Seine Plastiken, die er in seinem Atelier im Schlieremer Gaswerk anfertigte, sind in der ganzen Schweiz anzutreffen. Etwa auf dem Waffenplatz in Frauenfeld oder im Innenhof der Zürcher Kantonalverwaltung. Zuletzt sorgte seine knapp 12 Tonnen schwere und rund 18 Meter hohe Plastik für Aufsehen. Sie hätte auf dem Gebiet der ehemaligen Weberei Hueb in Wald aufgestellt werden sollen, wurde dann aber an die Stadt Uster verschenkt, nachdem sich Widerstand gegen das «Ungetüm» formierte. Doch auch in Uster liess sich kein passender Ort finden. Im vergangenen März dann äusserte ein Kunstliebhaber Interesse an der Skulptur. Er wolle sie im Kanton Glarus aufstellen.

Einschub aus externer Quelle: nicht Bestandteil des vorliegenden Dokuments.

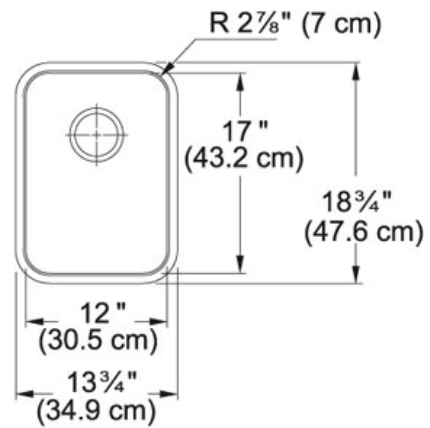

SPECIFICATION SHEET

PRODUCT FAMILY: Sinks FINISH: Stainless Steel SERIES: GRANDE MODEL: GDX11012

Product Information

| | |
|-----------------------------|-----------------|
| FUN# | 122.0203.594 |
| US Part Number | GDX11012 |
| Minimum Cabinet Size | 15" |
| Drain Opening | 3 1/2" |
| Outer Dimensions | 13 3/4"x18 3/4" |
| Bowl Size | 12"x17"x8" |
| Number of Bowls | 1 |

«Er eckte mit seiner Kunst an», erinnert sich Lilian Hasler. Die langjährige Kollegin Altherrs ist ebenfalls plastische Künstlerin und Mitglied der AZB. Altherr habe nicht nur dominante Werke hergestellt, sondern sei selber eine sehr dominante Figur gewesen, die klare Vorstellungen davon hatte, was sie wollte und was nicht, wie Hasler sagt. Zur Zeit seines AZB-Präsidiums habe er die Gemeinschaft «aus dem Dornröschenschlaf geholt». Davor hätten die Künstler ihre Ateliers genutzt und unterhalten, doch seien sie in der Stadt nicht gross in Erscheinung getreten. «Er wollte, dass wir Bildhauer uns in Schlieren zeigen, und ging mit gutem Beispiel voran», so Hasler.

Wertvolles Vermächtnis

Dieses Ziel erreichte er auf unterschiedliche Weise. 2006 rief er das Projekt «Skulpturen in Schlieren» ins Leben. Dabei stellen Künstlerinnen und Künstler des Gasi-Areals ihre Werke im öffentlichen Raum der Stadt aus. In einem Turnus von zwei bis drei Jahren tun sie dies noch heute. Weiter initiierte Altherr die Kunstkammer, in welcher heute unter dem Namen «Kunsthalle» noch regelmässig Ausstellungen stattfinden.

Der Schlieremer Stadtpräsident Toni Brühlmann-Jecklin (SP) erinnert sich an zahlreiche angenehme Begegnungen mit Altherr. Das Engagement des Bildhauers habe ihn stets beeindruckt und seine Werke hätten zu interessanten Diskussionen in der Stadt angeregt. «Die Skulpturen im öffentlichen Raum, welche im Rahmen von ‹Skulptur in Schlieren› ausgestellt werden, sind für die Stadt eine grosse Bereicherung. Es ist ein wertvolles Vermächtnis», so Brühlmann.